In December, Congress expanded the Magnitsky Act to penalize significant forms of corruption as well as human rights violations, while at the same time expanding its geographic scope to cover every country on earth.
“Global Magnitsky,” as the new law is known, is a potentially revolutionary tool. If implemented as designed, it provides the United States with a means to incentivize foreign governments to sideline individual human rights abusers and corrupt actors, and to advance domestic forms of accountability. It very well may have a significant deterrent effect, forcing would-be kleptocrats, and those that use violence to silence dissent, to think twice before committing their crimes, lest they lose access to international financial markets. And finally, it has the potential to empower victims who cannot achieve justice at home, while providing the United States diplomatic leverage, which is beneficial across a range of other issues.
The only way for the United States, and those standing up for human rights worldwide, to benefit from the new law, however, is if the Trump administration chooses to act on the tool it has been given by Congress.
That’s why our organization, Human Rights First, has banded together with dozens of other of human rights and anti-corruption watchdogs in a coordinated effort to document cases from around that world that we believe satisfy Global Magnitsky’s stringent requirements. Our goal throughout this process has been to gather and organize evidence in a way that will assist the U.S. government in making timely, meaningful sanctions designations, if it can find the political will. The cases we are compiling come from every corner of the globe, and involve horrific stories of torture, disappearances, murder, sexual assault, and extortion. In cases dealing with acts of significant corruption, victims often include wide swaths of entire societies.
The Trump administration’s record to date of standing up for human rights and the rule of law through policy and the power of example has been, to put it plainly, abominable. Might implementation of the Global Magnitsky Act mark an important and much-needed departure from the trend? It’s too early to tell, but signs to date leave us cautiously optimistic. In April, as required by law, the Trump administration submitted to Congress an initial report detailing its commitment to Global Magnitsky’s thorough enforcement. In a cover note to the report, President Trump went so far as to indicate his personal commitment to “hold perpetrators of human rights abuses and corruption accountable.”

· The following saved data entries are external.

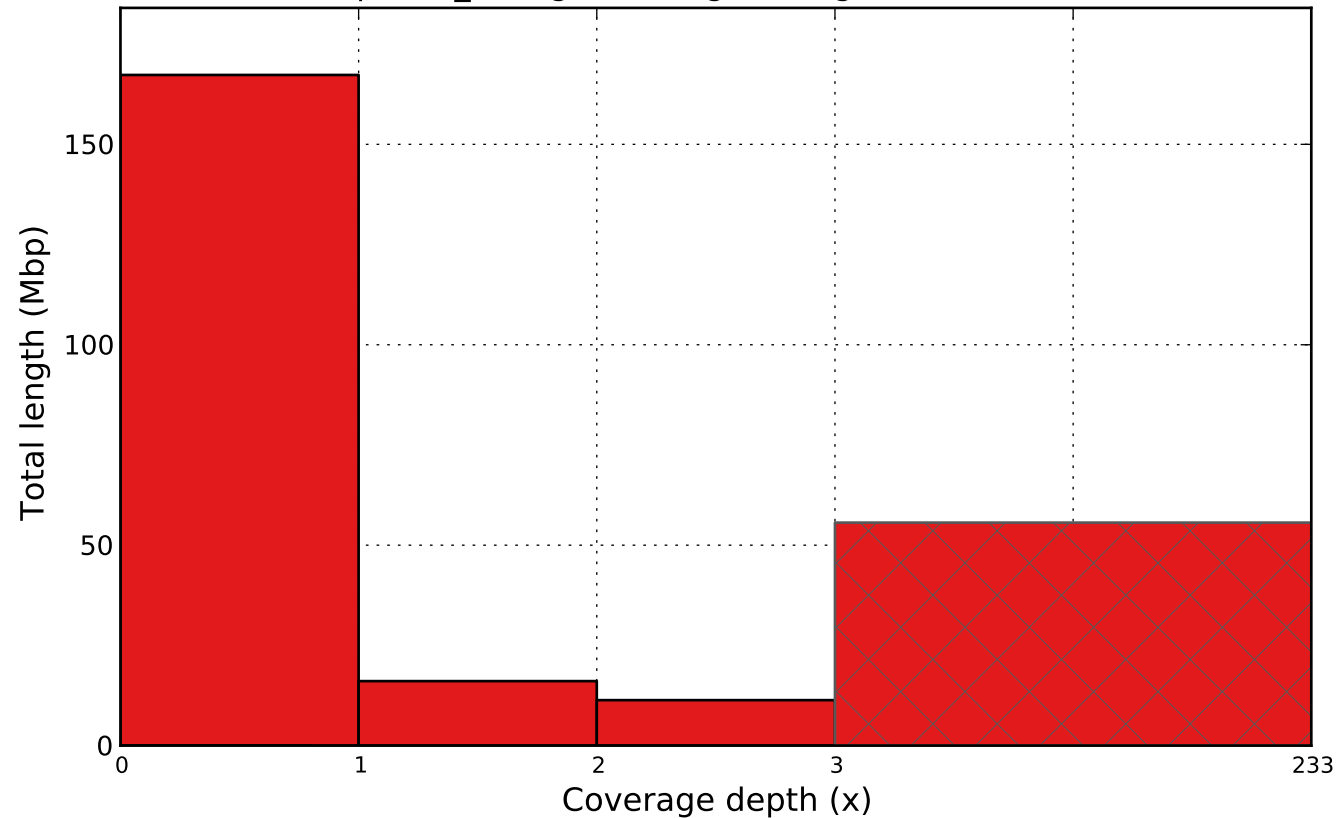

simplified\_contigs coverage histogram (bin size: 1x)

simplified\_contigs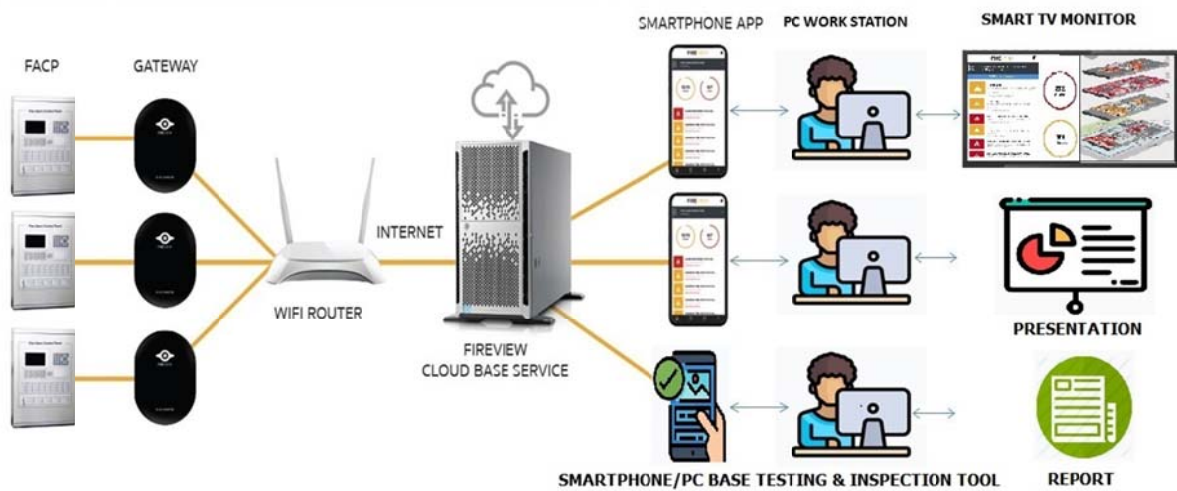

Data/Graphic for Presentation/Report

Provide analytic graphic dashboard/Fault Alarm suspected list/Maintenance list/ daily key events data list and able to download.

Regular Fire Alarm Devices Sampling Test Audition/Preventive Maintenance work

Provide multiple team users, testing/inspection schedule program and list, devices floor plan location, history log report.

System outlook <https://youtu.be/_LsVmasP5B0>

FIRE ALARM MONITORING & INSPECTION/TESTING TOOL

As the adage goes, the wheels of justice grind slowly, and the new administration still has plenty of time to put Global Magnitsky’s power to good use. In so doing, President Trump should take a hint from Veselnitskaya. We don’t know if she gave Don Jr. the intelligence he desired, but in lobbying against the Magnitsky Act, she revealed information infinitely more valuable to advancing American interests and universal values. Thankfully, not every government is likely to respond as Russia’s has to sanctions imposed on human rights abusers. But the lengths to which the Kremlin is prepared to go to rid itself of the law demonstrate in vivid detail the opportunity presently before the administration.